Hilla is now an acclaimed repeat Sundance filmmaker, a prestigious designation for any documentarian. “The life of a film is important, Hilla says, “and it is a privilege and honor to be accepted at Sundance because as an independent filmmaker, this is the place to be.” Last year, Hilla’s Sundance selected film WEB JUNKIE explored the emotional voyage that examines internet addiction and its affects on families and interpersonal relationships in Chinese society. This year, CENSORED VOICES will receive its world premiere at Sundance 2015. CENSORED VOICES deals with a group of young writers one month after Israel’s decisive victory in the Six-Day War, after they recorded soldiers talking about the high cost of their “triumph”. The recordings were censored by the army and deleted from the historical record. This documentary reveals these voices for the first time.

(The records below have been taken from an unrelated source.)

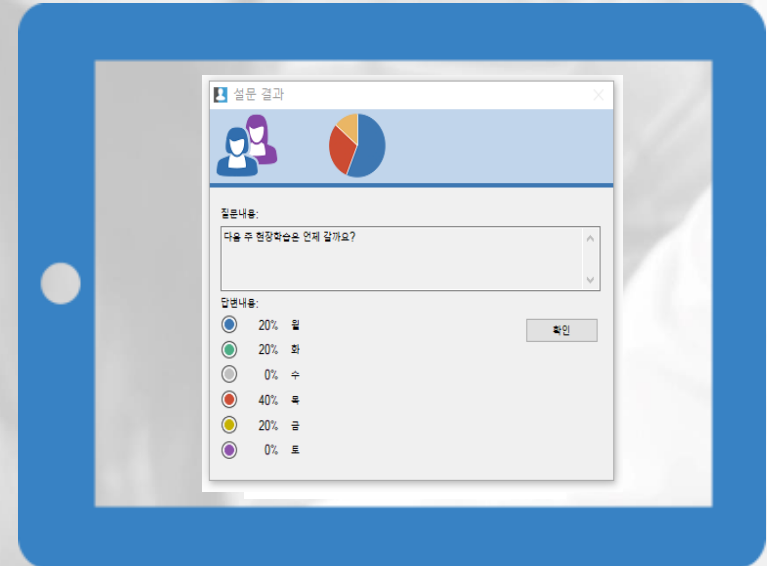

백분율

NetSupport School : MICHAEL.CHUN

모두 음소거 | 모두 잠금 | 인터넷 | [메뉴] | [닫기]

클래스 그룹 선택 피드백 & 웹캠 저널 작업 계획 관리자 학생 보기

학생 등록 | 클라이언트 보기 | 파일전송 | 주목 | 주목 종료 | 전체 잠금 | 화면전송 | 빠른 실행 | 학생 데스크톱 | 무제한 | 대화 | 음성전송 | 메시지 | 도움 요청 | 다음 회차 | 넘기기 | 중지 | 볼륨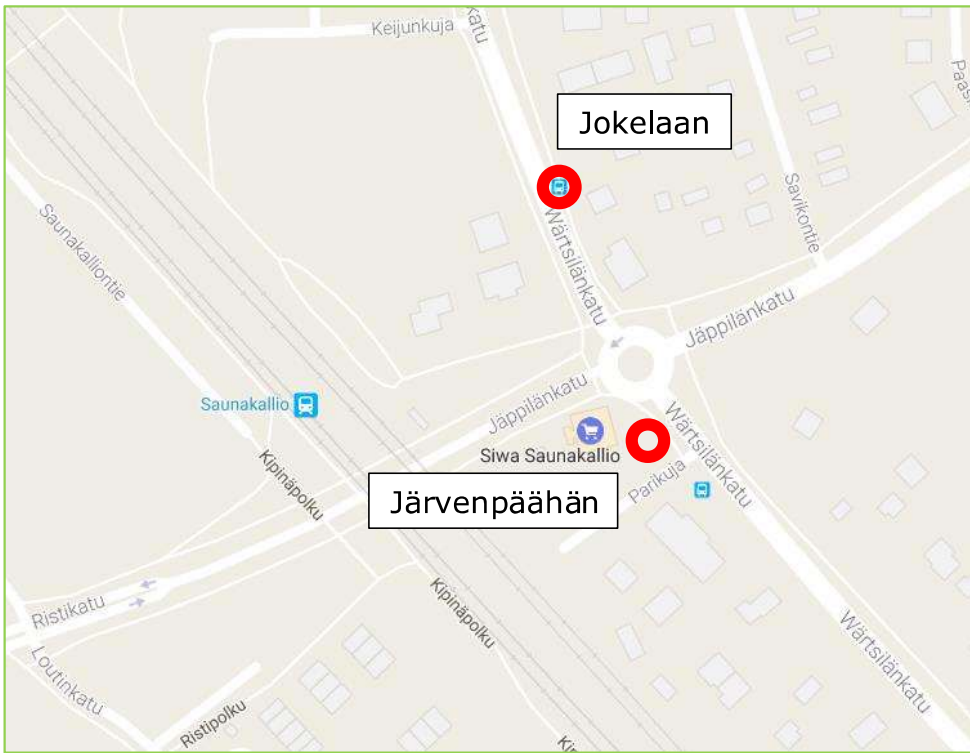

Pääradan pakettikatko ti 7.1., 4.2. ja 4.3.2025

Junia korvaavien bussien pysähtymispaikat asemilla

Kerava

11 Keravan asema (Ke0408/laituri 11) Riihimäen suunta

Ainola

Riihimäen suunta:

A Heinähäntä (Jä2157)

Keravan suunta:

B Heinähäntä (Jä2156)

Järvenpää

11 Järvenpään asema, laitur 11 (Jä2121), Helsingin / Keravan suunta

16 Järvenpään asema, laitur 16 (Jä2126), Jokelan / Riihimäen suunta

Saunakallio

Jokela

A Jokelan asema (Tu6100) Riihimäen suunta

B Jokelan asema (Tu6101) Keravan suunta

Hyvinkää

7 Hyvinkää rautatieasema 7, molemmat suunnat

Riihimäki

 Riihimäki matkakeskus laituri 6, Keravan suunta

In anticipation for what will surely be a sure-fire lauded Sundance offering, WR Executive Director Will Stoller Lee has already purchased dozens of tickets for the WR community to attend and support their fellow WR filmmaker.
Hilla relates that as she develops future projects, she will always pursue socially important issues. Currently, she is juggling a beautiful family that includes daughter Emmanulle, and now seeks and has found a balance which gives her more energy and happiness. “I definitely look at things differently now,” she adds.
“The contacts I made, back in 2004, I still have today,” Hilla said. Hilla added that whenever she travels the globe, she is inevitably met by supporters from Angelus or Windrider Forum that she met along her journey. They have become friends, invaluable resources and collaborators. “But that first trip was inspirational and unforgettable. It’s not coming back to a film festival with Windrider, it’s coming back to my community, a family.”